Recorded data
=== Begin Enclosure ===

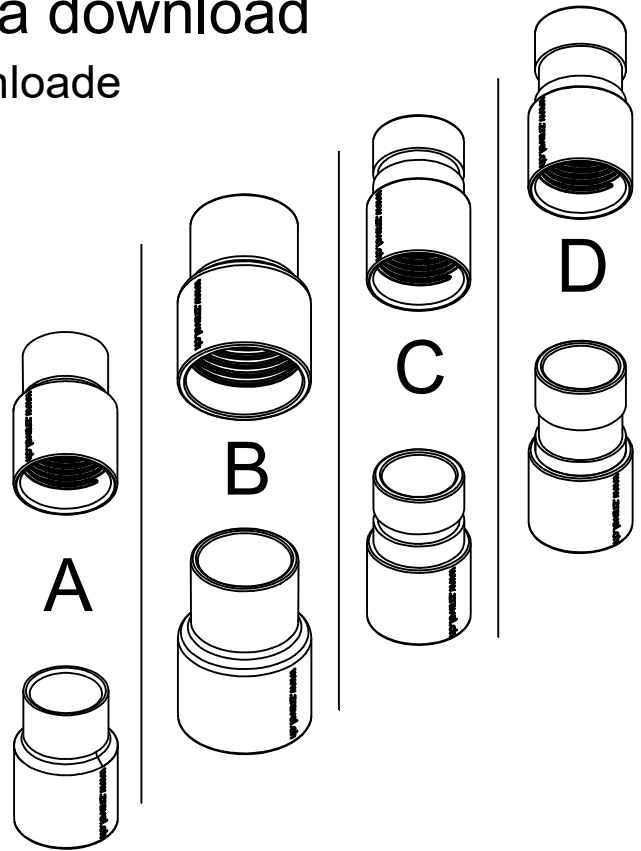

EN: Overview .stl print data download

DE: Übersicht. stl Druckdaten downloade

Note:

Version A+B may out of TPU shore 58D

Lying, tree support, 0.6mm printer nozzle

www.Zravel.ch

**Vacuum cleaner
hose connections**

=== End Enclosure ===
=== Begin Enclosure ===

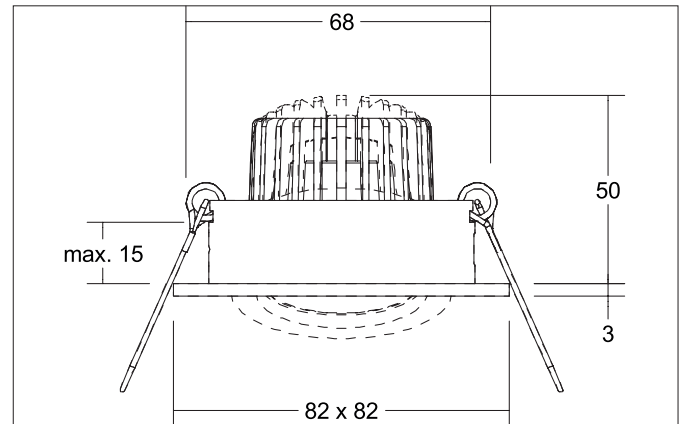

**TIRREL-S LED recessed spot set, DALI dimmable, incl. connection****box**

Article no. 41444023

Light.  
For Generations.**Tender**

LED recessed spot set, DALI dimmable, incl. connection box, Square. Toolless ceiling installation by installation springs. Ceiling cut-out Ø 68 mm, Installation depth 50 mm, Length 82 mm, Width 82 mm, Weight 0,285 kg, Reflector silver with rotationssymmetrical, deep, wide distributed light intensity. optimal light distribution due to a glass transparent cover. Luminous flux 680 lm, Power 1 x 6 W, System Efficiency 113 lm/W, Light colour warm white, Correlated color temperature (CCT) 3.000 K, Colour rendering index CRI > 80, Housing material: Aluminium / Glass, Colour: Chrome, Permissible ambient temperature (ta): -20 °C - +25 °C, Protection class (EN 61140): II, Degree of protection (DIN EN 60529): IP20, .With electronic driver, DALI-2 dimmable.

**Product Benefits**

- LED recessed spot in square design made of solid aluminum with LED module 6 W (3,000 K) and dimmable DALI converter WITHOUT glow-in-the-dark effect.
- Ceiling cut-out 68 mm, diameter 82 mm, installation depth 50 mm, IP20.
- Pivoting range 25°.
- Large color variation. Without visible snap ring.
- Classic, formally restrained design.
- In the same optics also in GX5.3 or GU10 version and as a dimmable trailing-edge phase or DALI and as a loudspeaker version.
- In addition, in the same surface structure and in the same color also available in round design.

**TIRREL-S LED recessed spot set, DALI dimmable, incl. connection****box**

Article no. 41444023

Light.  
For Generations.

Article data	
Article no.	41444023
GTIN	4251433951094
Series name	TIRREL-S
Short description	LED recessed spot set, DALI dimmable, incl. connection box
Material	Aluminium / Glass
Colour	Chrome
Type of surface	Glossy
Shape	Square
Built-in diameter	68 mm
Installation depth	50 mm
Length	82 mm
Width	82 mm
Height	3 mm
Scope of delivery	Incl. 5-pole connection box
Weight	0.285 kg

=== End Enclosure ===
=== Begin Enclosure ===

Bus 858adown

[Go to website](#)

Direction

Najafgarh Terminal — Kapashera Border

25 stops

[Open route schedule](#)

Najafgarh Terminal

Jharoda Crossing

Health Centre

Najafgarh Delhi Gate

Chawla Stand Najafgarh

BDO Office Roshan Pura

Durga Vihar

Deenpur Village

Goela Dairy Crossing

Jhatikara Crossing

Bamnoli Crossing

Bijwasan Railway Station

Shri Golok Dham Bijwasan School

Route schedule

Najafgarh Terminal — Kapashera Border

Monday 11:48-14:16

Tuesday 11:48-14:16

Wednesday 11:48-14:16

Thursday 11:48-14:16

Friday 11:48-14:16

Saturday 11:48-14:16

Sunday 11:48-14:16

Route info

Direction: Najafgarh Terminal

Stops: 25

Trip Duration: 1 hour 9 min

=== End Enclosure ===

Exercise:
Working from the records above, write out verbatim only the lines from the line containing "EN: Overview .stl print data download" through the line containing "hose connections**".

Output of the task:
EN: Overview .stl print data download

DE: Übersicht. stl Druckdaten downloade

Note:

Version A+B may out of TPU shore 58D

Lying, tree support, 0.6mm printer nozzle

www.Zravel.ch

**Vacuum cleaner
hose connections**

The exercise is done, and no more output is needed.